▶ [Stored data entries]:
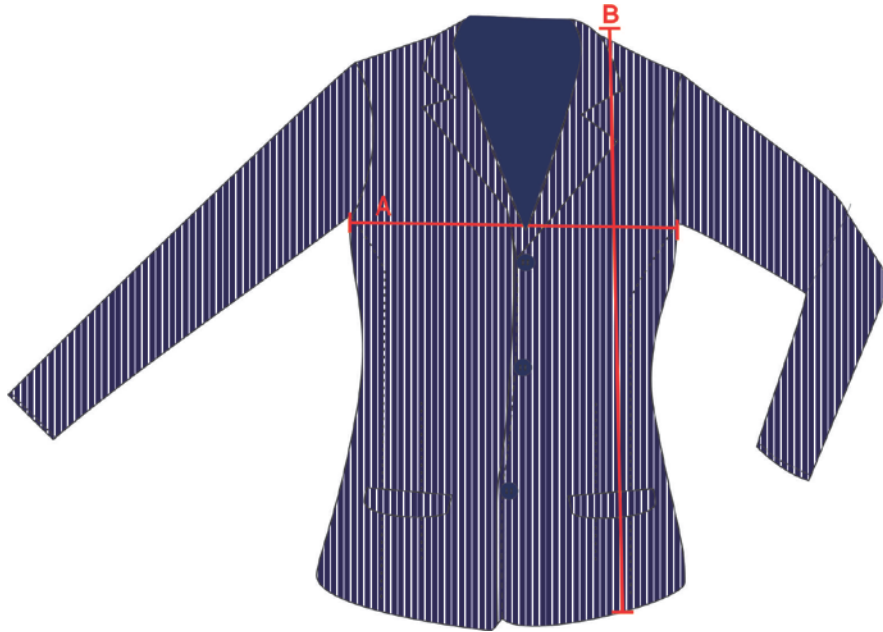

SCHEDA MISURE PRODOTTO

ITEM SIZE CHART

Art. L110

| | 38 | 40 | 42 | 44 | 46 | 48 | U/MISURA - U/MEASURE |
|---|----|----|----|----|----|----|----------------------|
| A | 46 | 48 | 50 | 52 | 54 | 56 | cm |
| B | 58 | 59 | 60 | 61 | 62 | 63 | cm |
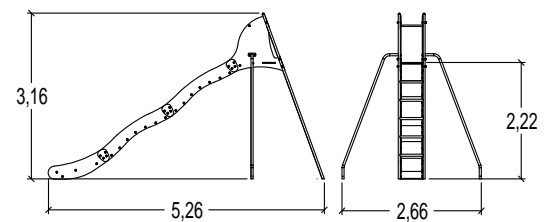

**J1056A** €3 505 | installatie: € 639

**J1057** 4+ | 5 | 2,20 m | 1 = 5,20 m 2 = 3,50 m 3 = 3,26 m

**Surf gliss**

**J1057A** €4 941 | installatie: € 697

**J1010**

2+ | 
 7 | 
 1,07 m | 
 1 = 2,70 m | 
 2 = 0,52 m | 
 3 = 1,90 m
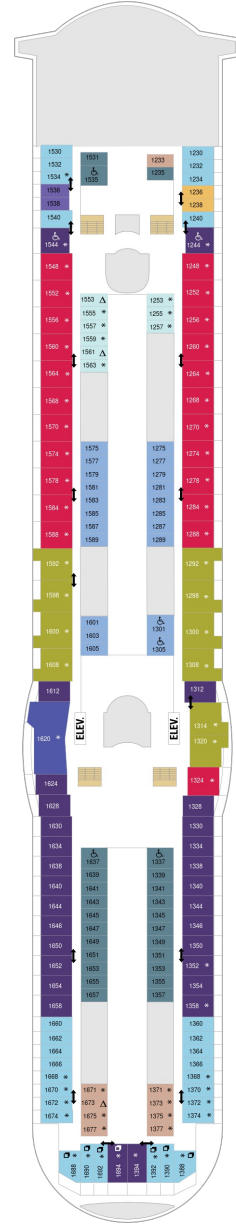

デッキ8F

デッキ9F

デッキ10F

船首

GT	2B	3B	4B	CB	2D
4D	5D	1K	3M	CP	2T
		3V	4V		

GT	J3	J4	1B	2B	3B
4B	4D	1K	3M	4M	4N
	2U	1V	3V	4V	

RS	OS	GS	J3	J4	3B
4B	CB	4D	2U	4U	1V
		3V	4V		

船尾

△ 3名用客室

✳ 4名用客室

⊕ 5名以上用客室

↔ コネクティングルーム

♿ 車いす対応客室 (全室シャワールーム)

◻ 視界が遮られる客室・遮られる率

▶ [What to do]: Nothing but an exact copy of the data, without pictures, should be returned.

▶ [Solution to this task]:
SCHEDA MISURE PRODOTTO

ITEM SIZE CHART

Art. L110

| | 38 | 40 | 42 | 44 | 46 | 48 | U/MISURA - U/MEASURE |
|---|----|----|----|----|----|----|----------------------|
| A | 46 | 48 | 50 | 52 | 54 | 56 | cm |
| B | 58 | 59 | 60 | 61 | 62 | 63 | cm |

**J1056A** €3 505 | installatie: € 639

**J1057** 4+ | 5 | 2,20 m | 1 = 5,20 m 2 = 3,50 m 3 = 3,26 m

**Surf gliss**

**J1057A** €4 941 | installatie: € 697

**J1010**

2+ | 
 7 | 
 1,07 m | 
 1 = 2,70 m | 
 2 = 0,52 m | 
 3 = 1,90 m

デッキ8F

デッキ9F

デッキ10F

船首

GT	2B	3B	4B	CB	2D
4D	5D	1K	3M	CP	2T
		3V	4V		

GT	J3	J4	1B	2B	3B
4B	4D	1K	3M	4M	4N
	2U	1V	3V	4V	

RS	OS	GS	J3	J4	3B
4B	CB	4D	2U	4U	1V
		3V	4V		

船尾

△ 3名用客室

✳ 4名用客室

⊕ 5名以上用客室

↔ コネクティングルーム

♿ 車いす対応客室 (全室シャワールーム)

◻ 視界が遮られる客室・遮られる率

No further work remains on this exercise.